Exposure to fine particulate pollution (PM2.5) could dramatically increase the mortality of COVID-19. A Harvard University study adds new elements to SIMA’s analysis.
Researchers from Harvard T.H. Biostatistics Department Chan School of Public Health investigated the hypothesis that the long-term effects of fine dust pollution (PM 2.5) could drastically increase the risk of death from COVID-19.
The assumption of the study is the significant overlap between the causes of death of COVID-19 patients and those of diseases related to long-term exposure to fine particulate matter (PM2.5). To test the hypothesis that particulates may exacerbate the severity of COVID-19 infection symptoms and increase the risk of death, researchers compared U.S. mortality and contagion data, filtered from the effects of many confounding factors[1], with long-term exposure (from 2000 to 2016) to PM2.5 air pollution.

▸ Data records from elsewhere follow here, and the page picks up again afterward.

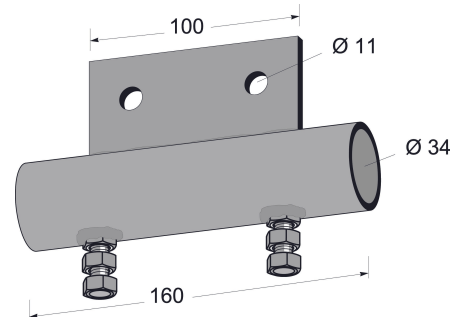

FDV

**Kamstålfeste med pendelskinne MP-247Z**  
**El.nr. 1353741**

Bredde (mm)	120.00
Høyde/dia (mm)	40.00
Lengde (mm)	160.00
Vekt (g)	790.00

Anvendes som overgang fra kamstål til pendelskinne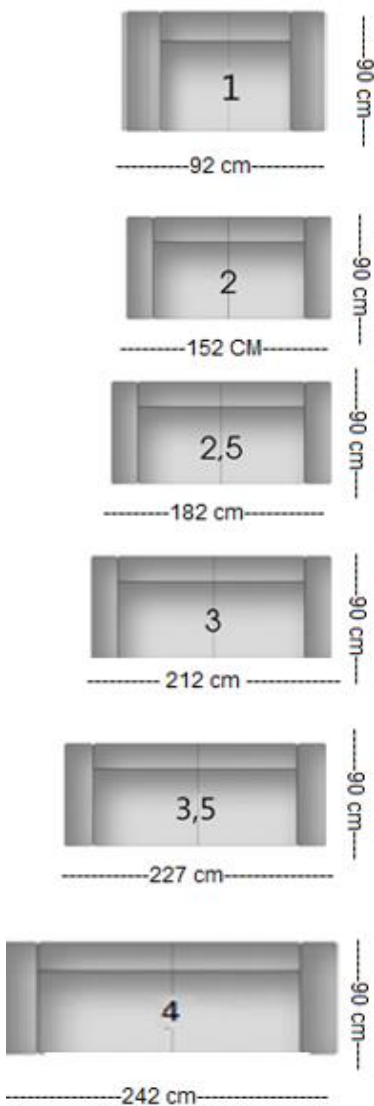

BONN

DIT MODEL WORDT STANDAARD GELEVERD MET VLOKKEN RUGKUSSEN

Standaard geleverd met sleepoot, indien gewenst ook mogelijk met wengé poten zonder meerprijs.

	S STOF	E MICROLEDER BULL ESSENZA YACHT*	K LEDER KENIA/VINTAGE REBOUND GRANADA/TOLEDO COACH*	C LEDER CHILL-LINE CONCRETE OUTBACK VEGAS
* geen stalenmateriaal beschikbaar				
1 zits	<u>936,68</u>	<u>962</u>	<u>1086</u>	<u>1211</u>
2 zits	<u>1170,3</u>	<u>1195</u>	<u>1669</u>	<u>1867</u>
2,5 zits	<u>1270,1</u>	<u>1295</u>	<u>1744</u>	<u>1941</u>
3 zits	<u>1369,9</u>	<u>1395</u>	<u>1869</u>	<u>2066</u>
3,5 zits	<u>1469,7</u>	<u>1495</u>	<u>1994</u>	<u>2241</u>
4 zits	<u>1594,4</u>	<u>1619</u>	<u>2118</u>	<u>2366</u>
1-zits met 1 arm	<u>734,83</u>	<u>758</u>	<u>832</u>	<u>937</u>
2 zits met 1arm	<u>945,76</u>	<u>968</u>	<u>1393</u>	<u>1572</u>
2,5 zits met 1arm	<u>1045,5</u>	<u>1068</u>	<u>1467</u>	<u>1647</u>
3 zits met 1arm	<u>1145,3</u>	<u>1168</u>	<u>1592</u>	<u>1771</u>
3,5 zits met 1arm	<u>1245,1</u>	<u>1268</u>	<u>1717</u>	<u>1946</u>
4 zits met 1 arm	<u>1369,9</u>	<u>1393</u>	<u>1842</u>	<u>2071</u>
1-zits zonder arm	<u>510,3</u>	<u>531</u>	<u>556</u>	<u>644</u>
2-zits zonder arm	<u>721,22</u>	<u>742</u>	<u>1116</u>	<u>1277</u>
2,5 zits zonder arm	<u>821,02</u>	<u>841</u>	<u>1191</u>	<u>1352</u>
3-zits zonder arm	<u>920,81</u>	<u>941</u>	<u>1315</u>	<u>1476</u>
3,5-zits zonder arm	<u>1020,6</u>	<u>1041</u>	<u>1440</u>	<u>1651</u>
4-zits zonder arm	<u>1145,3</u>	<u>1166</u>	<u>1565</u>	<u>1776</u>
Hoek	<u>882,25</u>	<u>905</u>	<u>1245</u>	<u>1424</u>
Ottemane	<u>1608</u>	<u>1631</u>	<u>1971</u>	<u>2150</u>
Long chair (CL)	<u>1039,5</u>	<u>1090</u>	<u>1363</u>	<u>1558</u>
Hocker 60x90	<u>405,97</u>	<u>451</u>	<u>497</u>	<u>587</u>
Hocker 90x90	<u>428,65</u>	<u>474</u>	<u>519</u>	<u>610</u>
LOSSE KOPSTEUN	<u>166</u>			
SIERKUSSEN	<u>119</u>			

Typefouten voorbehouden!

Graag uw bestellingen mailen naar: Orders@dsmeubel.nl

BONN

2 ARMS

1 ARM (AL or AR)

RECAMIERE

Zitdiepte 56 CM
Zithoogte 45 CM

148 cm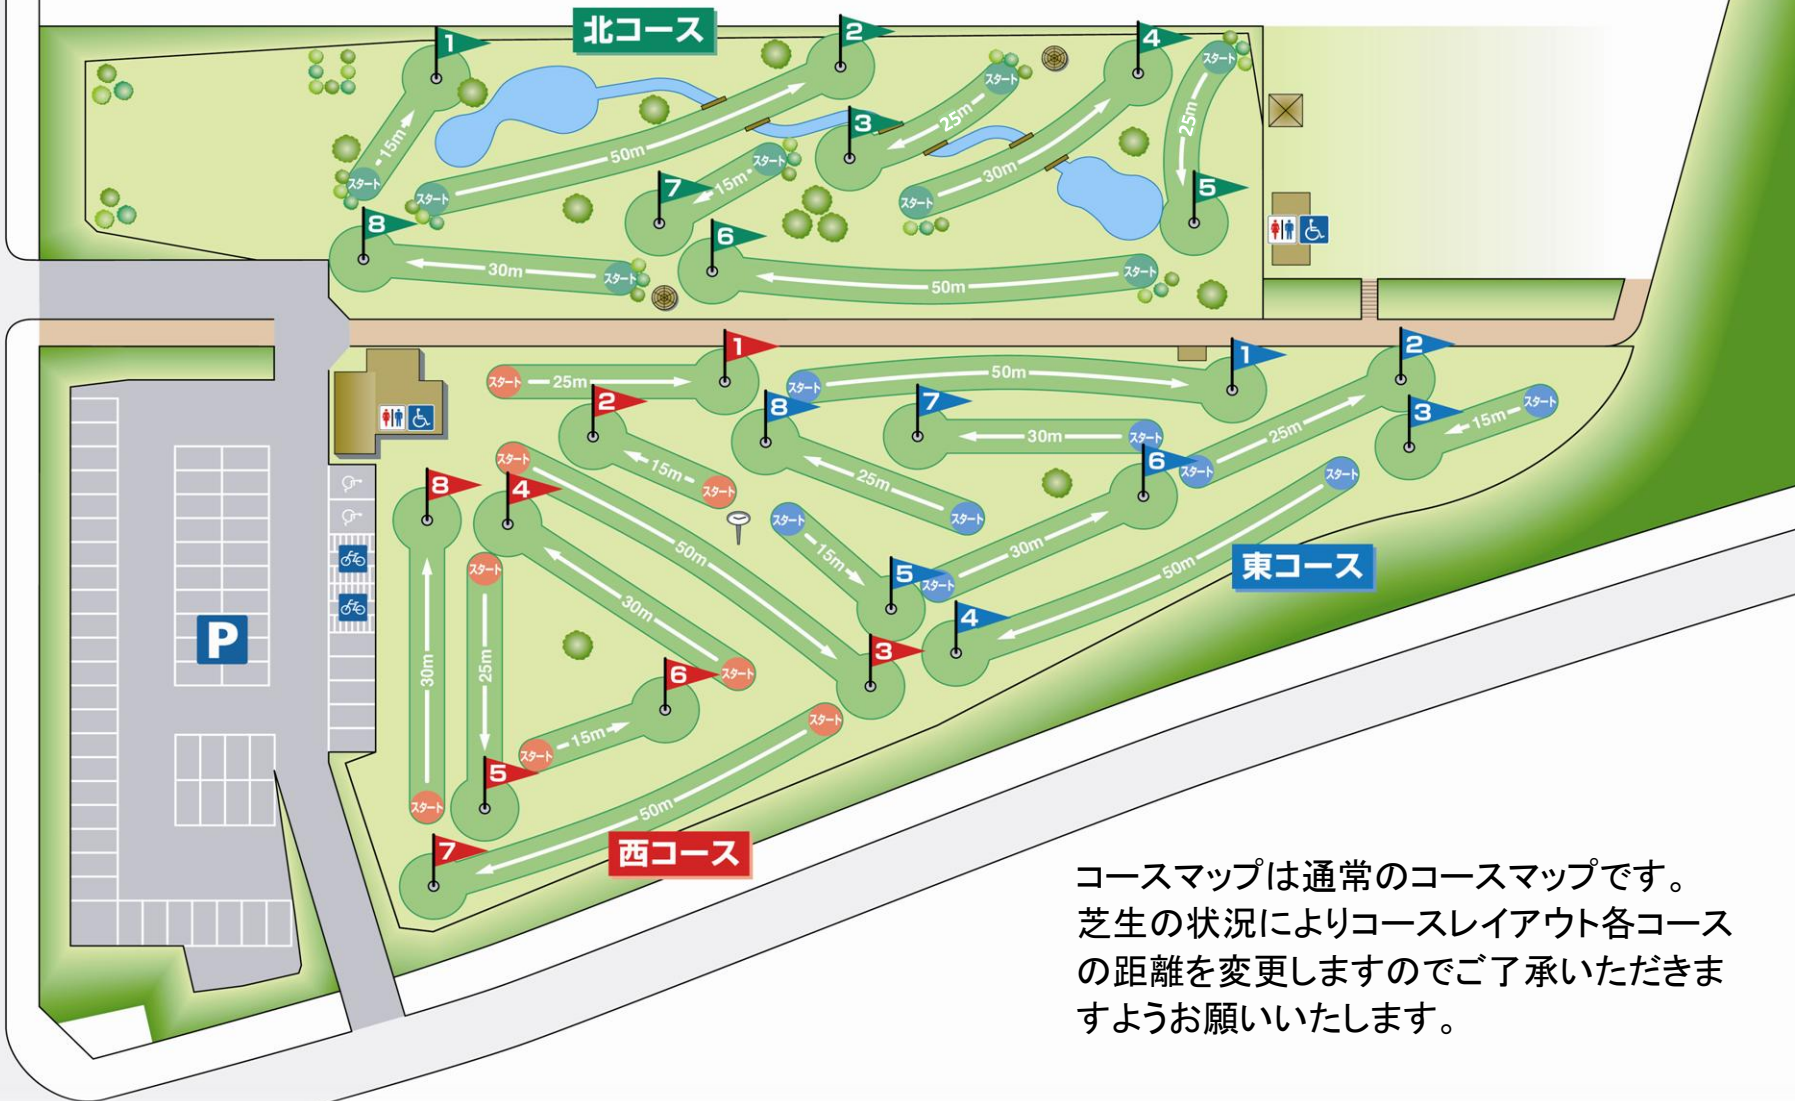

羽曳野市立健康ふれあいの郷 グラウンド・ゴルフ場

コースマップは通常のコースマップです。
芝生の状況によりコースレイアウト各コース
の距離を変更しますのでご了承くださいませ
すようお願いいたします。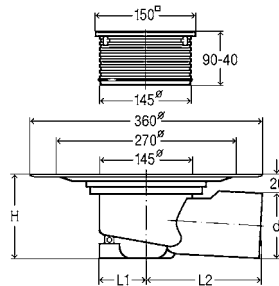

Podlahový odtok Advantix

izolačná príruha, otočný a výškovo nastaviteľný nástavec 150 x 150 mm, zátka, rám z plastu, rošt z ušľachtilej ocele 1.4301, vyberateľný zápachový uzáver

artikel

557 164 DN 70

67,76 €

557 171 DN 100

67,76 €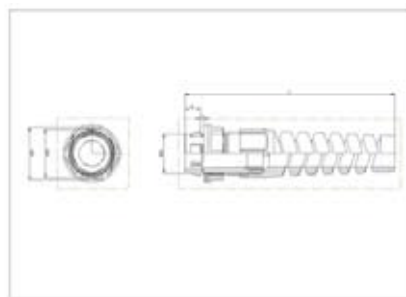

Kabeleinführungssystem mit Biegeschutzspirale für zusätzliche Funktionssicherheit

SKINTOP® CLICK BS

Anwendung

Das innovative CLICK-System jetzt auch mit zusätzlicher Biegeschutzspirale, zum Schutz und zur Sicherung von flexiblen Kabeln und Leitungen. An elektronischen Geräten und Maschinen, die im Normalgebrauch bewegt werden, ist die angeschlossene Leitung nach VDE 0730 gegen übermäßige Biegung zu schützen. Zur Sicherung und Schonung von Kabeln für z. B.

Hinweis

- Demontagewerkzeug im Lieferumfang enthalten.

Technische Daten

RAL Lieferfarbe
RAL 7001 silbergrau
RAL 7035 lichtgrau
RAL 9005 schwarz/UV-beständig

M Material
Körper: Spezial Polyamid
Dichtung: Spezial Elastomer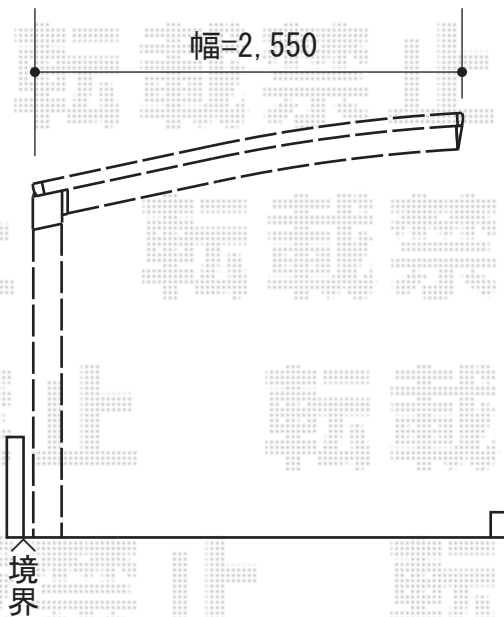

レイナポート 延長 積雪～20cm対応

YKK AP
レイナポート 延長 積雪～20cm対応
幅=2,550mm
奥行=6,484mm
色：カームブラック
屋根材：熱線遮断ポリカーボネート
(アースブルーマット調)
柱仕様：ハイルーフ仕様
(有効高 約2,355mm)

現場状況や作図制限により概略図の内容と多少の違いが生じることがございます。
施工時は、現場優先とさせて頂きたく思いますので、お立会い頂き、
最終のご指示のほど、何卒、宜しくお願い致します。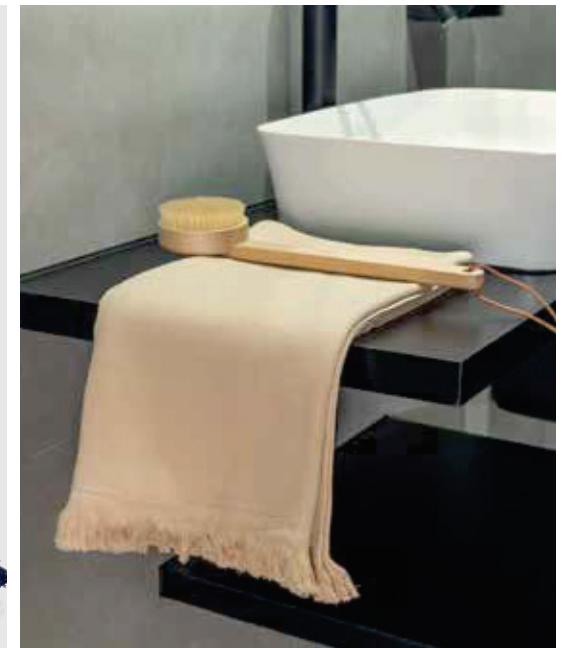

Toalla Keiko UKIYO AWARE™

Algodón reciclado • Peso del tejido 200 GSM **Medidas** 180 x 100 x 1 cm **Medidas de marcaje** 200 x 120mm **Técnica de marcaje** Bordado

Desde	25	50	100	250	500
Con marcaje	31,98	28,91	27,06	26,06	25,21
Sin marcaje	23,65	23,00	22,35	21,95	21,50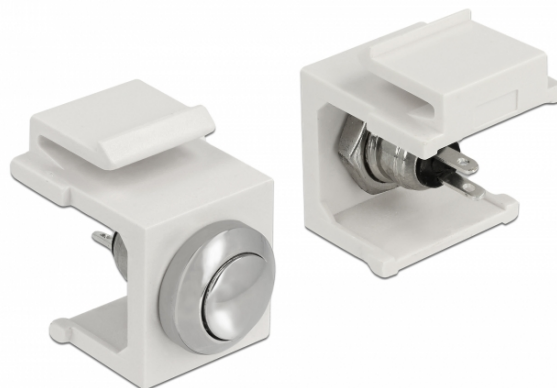

## Delock Κουμπί πίεσης Keystone (Push-button) λευκό

### Περιγραφή

Αυτό το κουμπί πίεσης Keystone (push-button) της Delock μπορεί να εγκατασταθεί π.χ σε ένα περίβλημα ή μια συσκευή, και λειτουργεί ως διακόπτης ενεργοποίησης/απενεργοποίησης.

Με τυποποιημένες διαστάσεις μπορεί να χρησιμοποιηθεί για την εύκολη συμπληρωματική στερέωση σε π.χ. πίνακα ηλεκτρικών συνδέσεων Keystone, πλάκα πρόσοψης ή κουτί στερέωσης επιφάνειας.

### Χαρακτηριστικά

- Συνδετήρας:  
εσωτερικά: 2 x σύνδεση συγκόλλησης
- τάση λειτουργίας / ένταση ρεύματος: μέγ. 24 V / 1 A
- Για θύρες Keystone με 19,2 x 14,9 mm
- Μήκος μπροστά από το πλαίσιο: περ. 2,0 χιλ.
- Χρώμα: λευκό
- Διαστάσεις (ΜxΠxΥ): περ. 19,8 x 16,3 x 22,3 mm

### Αρ. προϊόντος 86401

EAN: 4043619864010

Χώρα προέλευσης: Taiwan, Republic of China

Συσκευασία: Τσαντάκι με φερμουάρ

General	
Mounting type:	Μονάδα Keystone
Interface	
Εσωτερικός:	2 x σύνδεση συγκόλλησης
Technical characteristics	
Operating voltage:	24 V / 1 A
Physical characteristics	
Μήκος:	19.8 mm
Width:	16,3 mm
Height:	22.3 mm
Χρώμα:	λευκό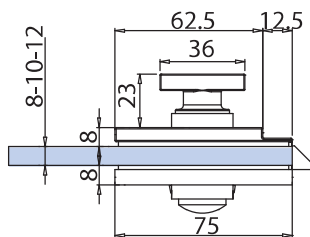

V-780 WC-L € E.70
(sinistra/left/links)

A SINISTRA/LEFT/LINKS

C SINISTRA/LEFT/LINKS

V-780 WC-R € E.70
(destra/right/rechts)

B DESTRA/RIGHT/RECHTS

D DESTRA/RIGHT/RECHTS

LAVORAZIONE VETRO
GLASS PREPARATION
GLASBEARBEITUNG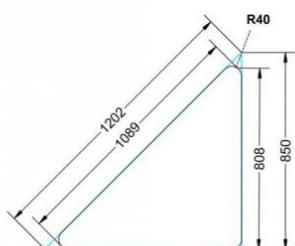

TYP "M"

TYP "L"

TYP "XL"

Möbelwerk Niesky GmbH
Neuhofer Straße 4-6
02906 Niesky
Deutschland

T +49 3588 2537-0
F +49 3588 2537-30
E info@moebelwerk-niesky.de
www.moebelwerk-niesky.de

© Copyright by Möbelwerk Niesky GmbH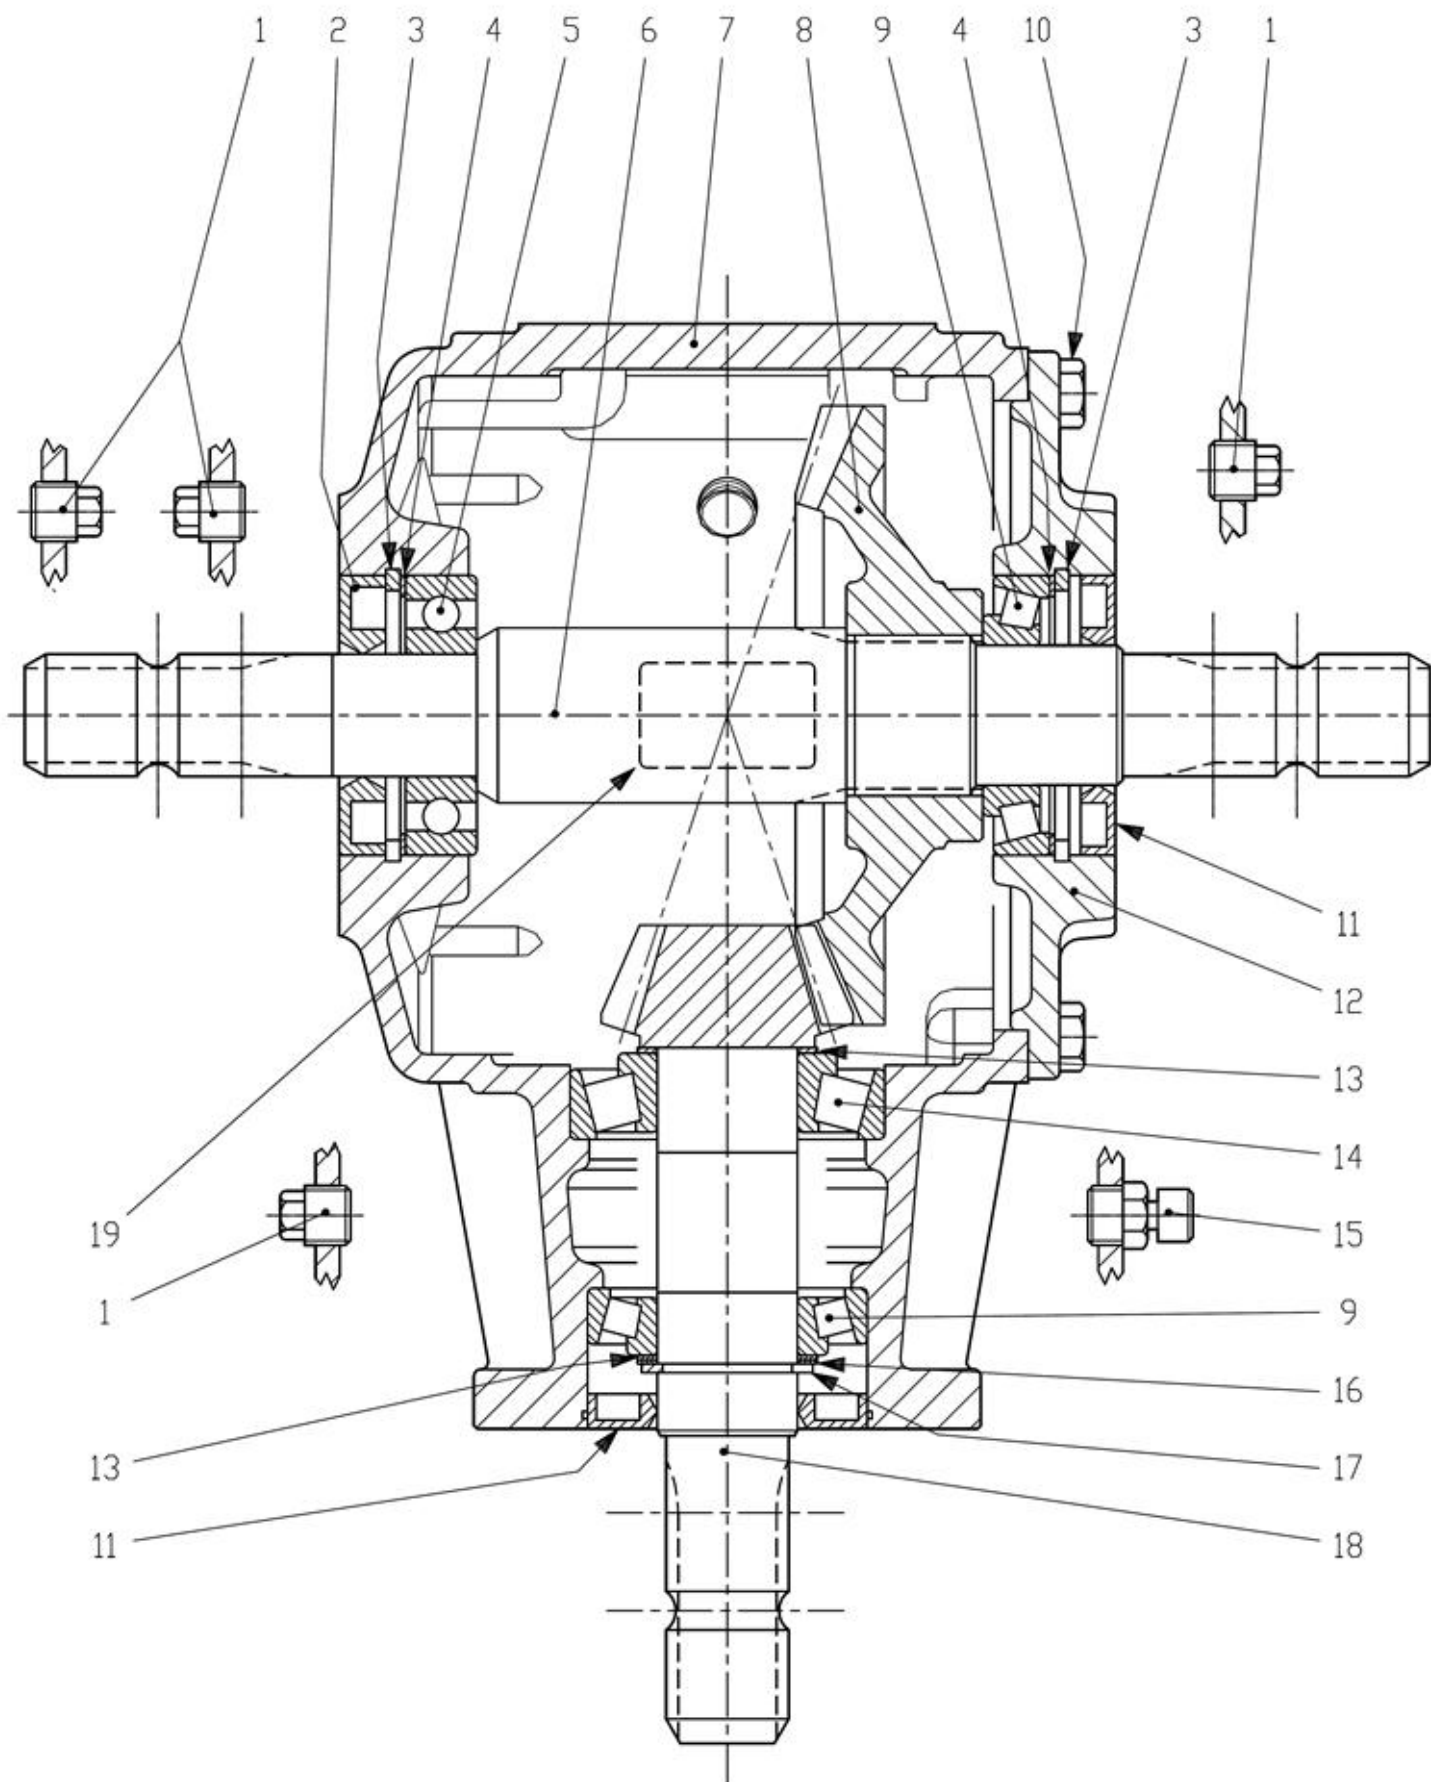

04.03. Stuklijst aandrijving maaiunit

Stukn.	Artikelnummer	Omschrijving	Aant.	Opmerking
1	121347	V-snaarpoulie taperlock	1	
2	121442	V-snaarpoulie taperlock	1	
3	121458	Klembus taperlock ø55	1	
4	121510	Klembus taperlock ø40	1	
5	121689	Slangklem RVS	1	
6	121807	Seegerring	2	
7	122094	Diepgroefkogellager	2	
8	122171	Inlegspie	1	
9	122178	Inlegspie	1	
10	122420	Beschermkap aftakas	2	
11	122437	Beschermkap aftakas	1	
12	122784	Bout M16x120 DIN933 ELVZ	1	
13	124316	Ontluchtingsfilter	1	
14	125048	V-snaar Red Power	4	
15	125109	Aftakas met spiebaangaffel	1	
16	126366	Aftakas WWE2580/1410 met vrijloop	1	
17	450.05.004	Verstelbaar lagerhuis maaiunit	1	
18	450.05.005	Aandrijfas maaiunit Panda	1	
19	450.05.009	Borgstrip lagerhuis	2	
20	451.05.006	Tandwielkast Faunus	1	Olie: 2,3 ltr. SAE80W90
21	451.05.008	Hoeksteun tw-kast Faunus	1

The results of the document suggest that long-term exposure to air pollution increases vulnerability to COVID-19: an increase of 1 µg / m3 of PM2.5 would raise COVID-19 mortality rate by 15%.
The authors of the study cited Manhattan, current epicentre of the pandemic in the United States, as an example. In Manhattan, the PM2.5 values varied from about 7 to 11 µg / m3 in recent years and the reported deaths for COVID-19 until April 4th are 1904.
Researchers calculated that 248 fewer people would have died in the past few weeks if the particle levels kept an average only one unit lower over the past two decades.
But let’s focus on Italy and in particular to the area most affected by COVID-19, the Po Valley. In Lombardy, Emilia Romagna, Piedmont and Veneto there are 84.7% of Italy’s total deaths (of the 14860 deaths on April 6th ).
By analyzing the data of the Ministry of Health available on the site of Il Sole 24 Ore, it is possible to draw up a list of the most affected municipalities in terms of contagion.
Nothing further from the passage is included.